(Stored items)
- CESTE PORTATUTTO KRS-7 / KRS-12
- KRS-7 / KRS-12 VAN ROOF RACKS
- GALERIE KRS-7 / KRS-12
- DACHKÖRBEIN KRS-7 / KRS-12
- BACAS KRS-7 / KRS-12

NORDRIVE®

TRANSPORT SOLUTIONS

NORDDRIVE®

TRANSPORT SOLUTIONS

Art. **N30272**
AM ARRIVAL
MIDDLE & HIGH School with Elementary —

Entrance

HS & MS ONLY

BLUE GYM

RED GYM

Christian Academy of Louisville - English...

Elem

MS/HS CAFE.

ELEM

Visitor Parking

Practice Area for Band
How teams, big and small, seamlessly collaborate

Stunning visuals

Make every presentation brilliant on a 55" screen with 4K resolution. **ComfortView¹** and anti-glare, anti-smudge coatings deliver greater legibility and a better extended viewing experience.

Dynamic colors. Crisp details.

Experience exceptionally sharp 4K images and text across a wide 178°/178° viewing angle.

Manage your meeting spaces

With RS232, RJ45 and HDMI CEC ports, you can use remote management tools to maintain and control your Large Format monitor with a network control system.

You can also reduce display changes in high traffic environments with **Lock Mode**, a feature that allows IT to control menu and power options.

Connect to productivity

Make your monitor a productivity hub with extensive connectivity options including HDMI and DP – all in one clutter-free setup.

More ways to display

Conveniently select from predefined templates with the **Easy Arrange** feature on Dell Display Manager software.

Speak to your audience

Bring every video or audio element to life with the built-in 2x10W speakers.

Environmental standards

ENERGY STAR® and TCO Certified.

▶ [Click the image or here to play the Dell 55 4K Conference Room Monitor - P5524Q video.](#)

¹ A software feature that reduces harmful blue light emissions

...

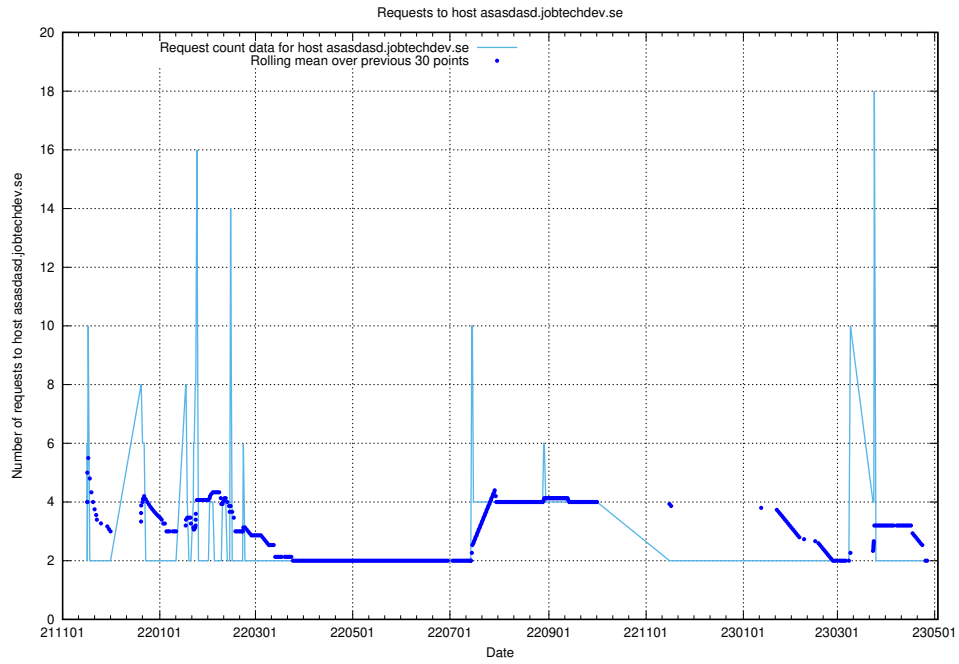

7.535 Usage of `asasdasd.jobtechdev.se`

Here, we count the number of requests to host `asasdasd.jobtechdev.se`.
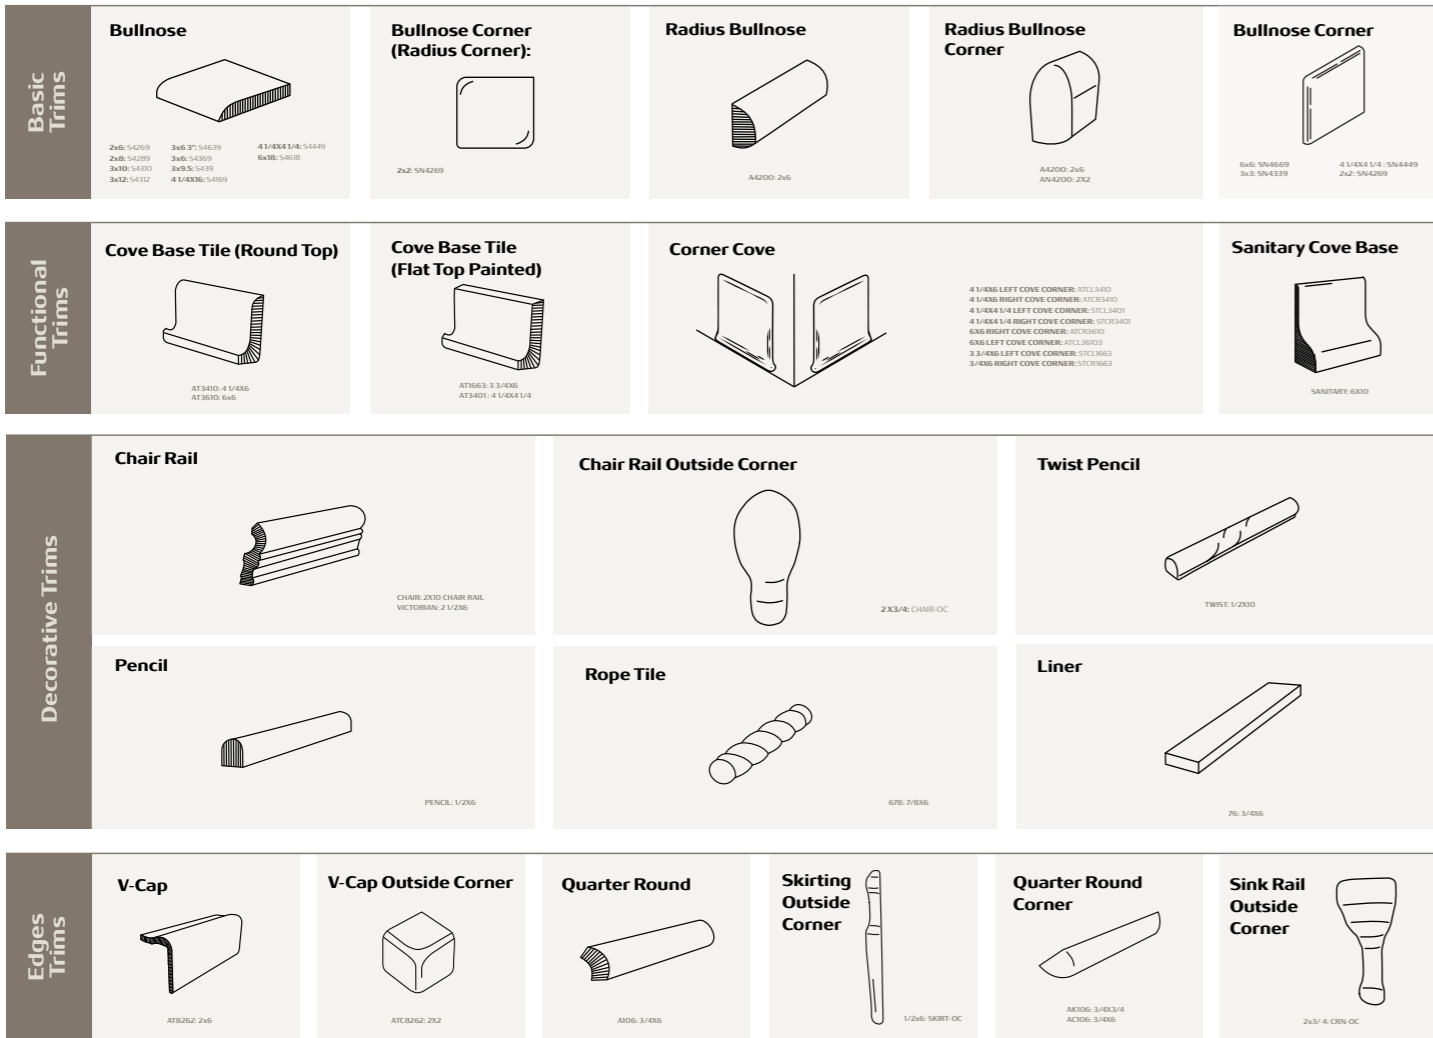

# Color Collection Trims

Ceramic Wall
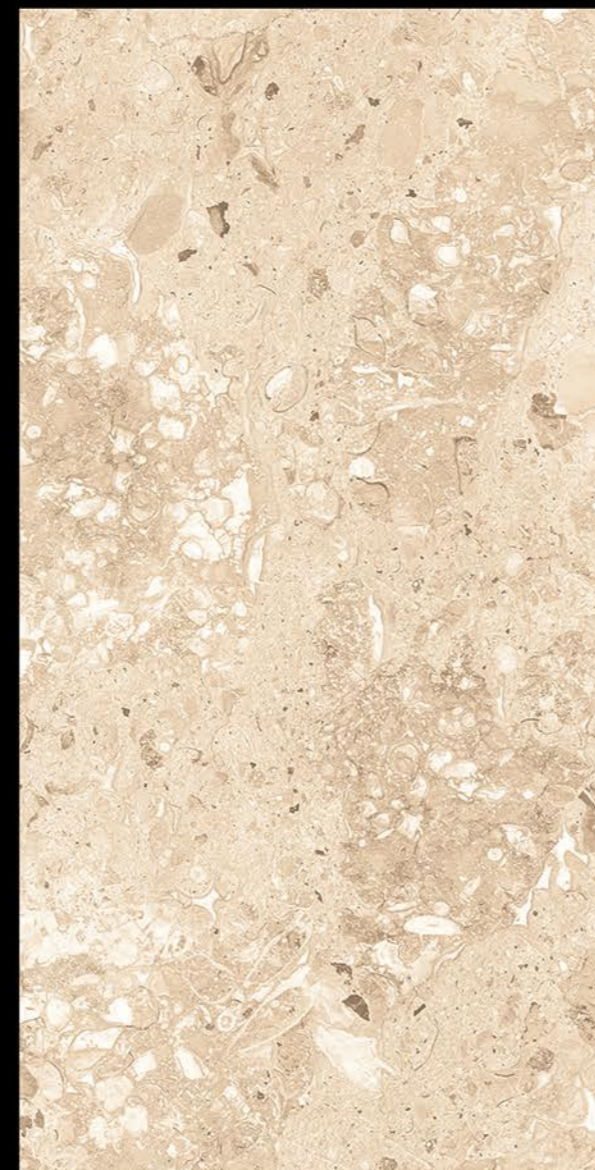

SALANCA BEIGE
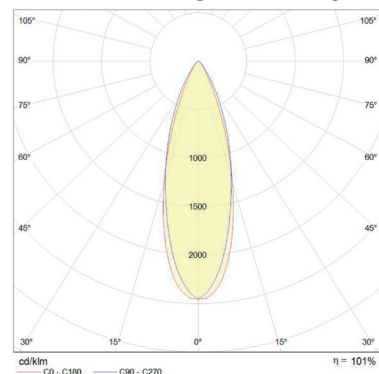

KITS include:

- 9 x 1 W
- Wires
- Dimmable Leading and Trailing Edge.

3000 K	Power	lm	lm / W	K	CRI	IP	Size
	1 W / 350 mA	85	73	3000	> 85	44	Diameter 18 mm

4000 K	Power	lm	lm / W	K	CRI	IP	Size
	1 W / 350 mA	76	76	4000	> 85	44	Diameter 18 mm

--- What is needed ---
What is asked for is an exact copy of the lines above from the one containing "MS/HS CAFE." through the one containing "Experience exceptionally sharp", and only those.

--- Written answer ---
MS/HS CAFE.

ELEM

Visitor Parking

Practice Area for Band
How teams, big and small, seamlessly collaborate

Stunning visuals

Make every presentation brilliant on a 55" screen with 4K resolution. **ComfortView¹** and anti-glare, anti-smudge coatings deliver greater legibility and a better extended viewing experience.

Dynamic colors. Crisp details.

Experience exceptionally sharp 4K images and text across a wide 178°/178° viewing angle.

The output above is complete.